Palmer is somewhat of a celebrity at debate tournaments, known mostly as Mr. Tabroom by young debaters.

"It's been kind of fun to become this bizarro-world minor celebrity," he said. "It always cracks me up how kids are like, 'Whoa, you wrote Tabroom?' And my standard response is, 'Well, someone had to.'"

Debate Coaches UNDC
Debate coaches gather at the Urban Debate National Championship tournament held at Southern Methodist University in Dallas, which ran from March 31 to April 2. TAYLOR GLASCOCK/NAUDL

The responses from students have been mostly positive, as they are always willing to provide feedback and ideas for improvements. Student suggestions are not often complaints about how the program is broken; they're more inquisitive and collaborative—true to the spirit of debate. Palmer said students often ask him if there is a way to add something new that would make everyone's lives easier.
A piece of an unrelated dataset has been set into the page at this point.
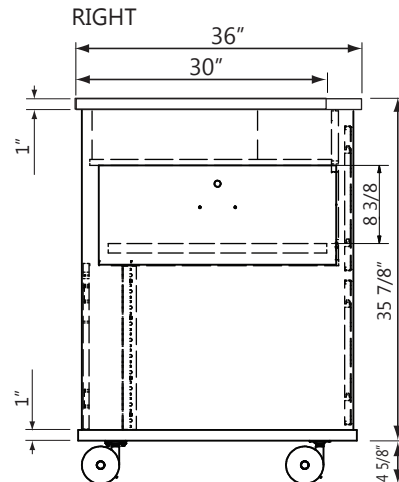

# 42" Square Top Lectern with Pull-out Shelf

**Visual Display Options Available**

As speech and debate return in person, Palmer said his role has become all the more important.

"There's a whole group of kids that back four years ago, they would have seen me at every tournament, and I would have just become part of the scenery after a while," he said. "But now no one has seen anybody in the tournament for a while, to some degree, so we're all a little bit more impersonal. And if anything, that has made me more of a mysterious shadowy figure, not just that tall guy who yelled at you to get through the debate on time."

Palmer is still working on improving the program. He said Tabroom's Achilles' heel is that it was written in a program that is two decades old. He said he is in the middle of rewriting it into something more modern.

Just like the expansion of the internet, the pandemic has forever changed the way speech and debate competitions run.

"We can't unring that bell. We're not going back to what life was like in 2019, it's a different world," Palmer said. "And watching that unfold is a little terrifying sometimes, but it's also kind of exciting."